# Your goal:
Produce one exact copy of the records, no pictures.

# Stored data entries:
-----
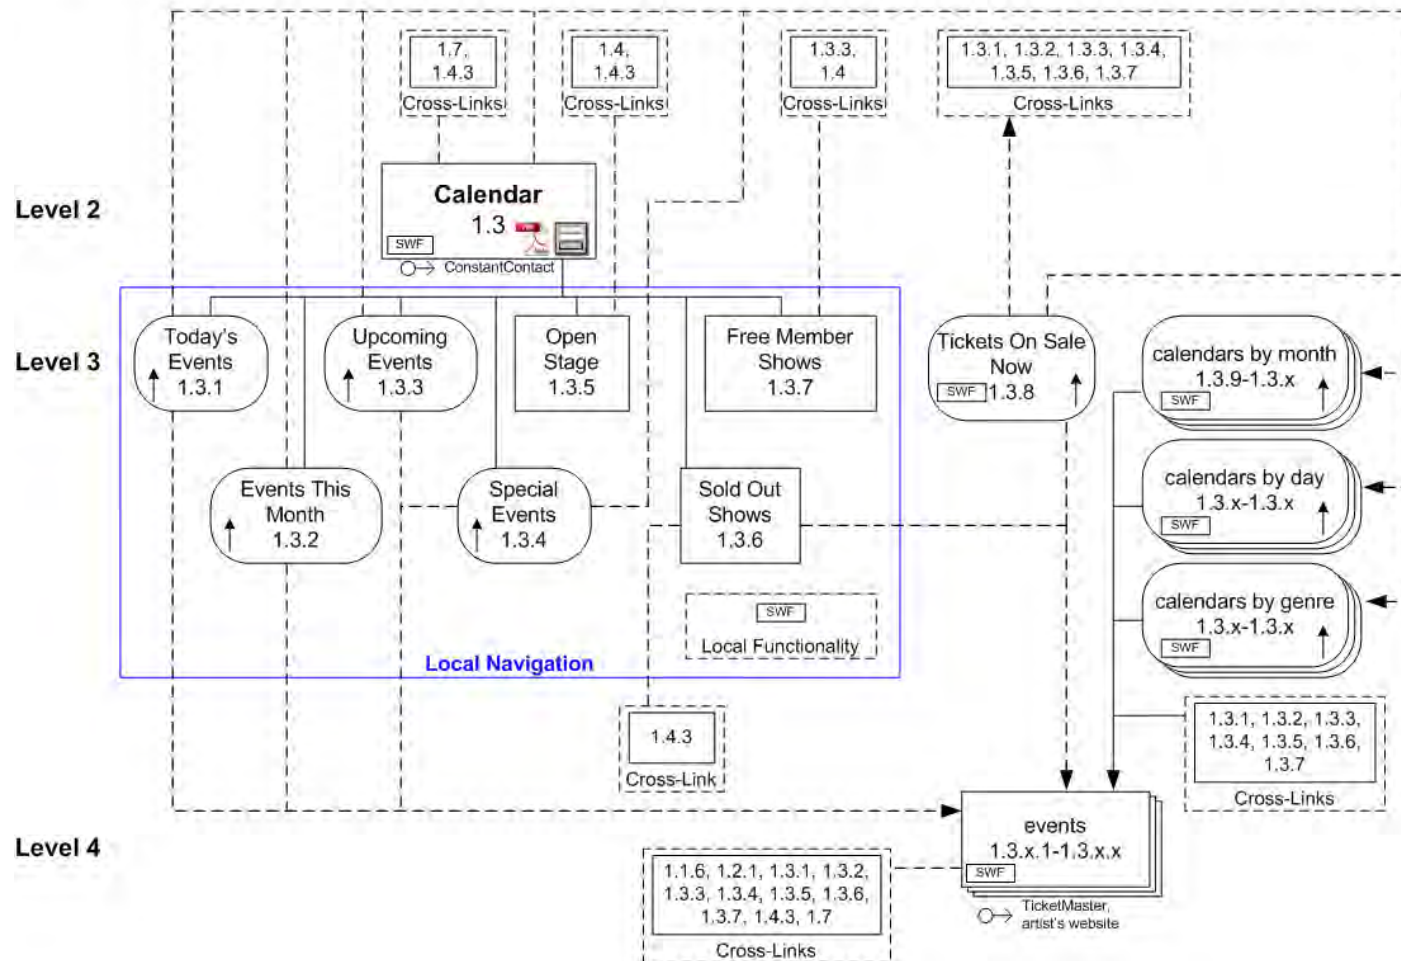

1.7 The Ark Jukebox

- 1.7.1-1.7.x songs

Note: Boldface items are global navigation.

Site Diagram

Structural/Functional Site Diagram: The Ark
 www.theark.org
 v1.0, Last Updated: 11/10/2009

Global Navigation

Structural/Functional Site Diagram: The Ark
 www.theark.org
 v1.0, Last Updated: 11/10/2009

1.1 Ark Information section

Structural/Functional Site Diagram: The Ark
 www.theark.org
 v1.0, Last Updated: 11/10/2009

1.2 Tickets section

Structural/Functional Site Diagram: The Ark
 www.theark.org
 v1.0, Last Updated: 11/10/2009

1.3 Calendar section

Structural/Functional Site Diagram: The Ark
 www.theark.org
 v1.0, Last Updated: 11/10/2009

1.4 Support The Ark section

Structural/Functional Site Diagram: The Ark
 www.theark.org
 v1.0, Last Updated: 11/10/2009

1.5 Events + Workshops section

Structural/Functional Site Diagram: The Ark
 www.theark.org
 v1.0, Last Updated: 11/10/2009
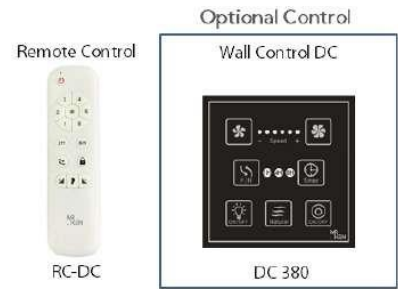

Remote Control DC-1

REMOTE DC-1

Hyper WH/White

Hyper MB/Black

HYPER WH/White
HYPER MB/Black

7160
Body : Steel Plate
Blades : 52"ABS Blade
Motor : DC Motor
Control : Remote Control
(Optional Wallcontrol DC380)
-----
# Output for this exercise:
1.7 The Ark Jukebox

- 1.7.1-1.7.x songs

Note: Boldface items are global navigation.

Site Diagram

Structural/Functional Site Diagram: The Ark
 www.theark.org
 v1.0, Last Updated: 11/10/2009

Global Navigation

Structural/Functional Site Diagram: The Ark
 www.theark.org
 v1.0, Last Updated: 11/10/2009

1.1 Ark Information section

Structural/Functional Site Diagram: The Ark
 www.theark.org
 v1.0, Last Updated: 11/10/2009

1.2 Tickets section

Structural/Functional Site Diagram: The Ark
 www.theark.org
 v1.0, Last Updated: 11/10/2009

1.3 Calendar section

Structural/Functional Site Diagram: The Ark
 www.theark.org
 v1.0, Last Updated: 11/10/2009

1.4 Support The Ark section

Structural/Functional Site Diagram: The Ark
 www.theark.org
 v1.0, Last Updated: 11/10/2009

1.5 Events + Workshops section

Structural/Functional Site Diagram: The Ark
 www.theark.org
 v1.0, Last Updated: 11/10/2009

Remote Control DC-1

REMOTE DC-1

Hyper WH/White

Hyper MB/Black

HYPER WH/White
HYPER MB/Black

7160
Body : Steel Plate
Blades : 52"ABS Blade
Motor : DC Motor
Control : Remote Control
(Optional Wallcontrol DC380)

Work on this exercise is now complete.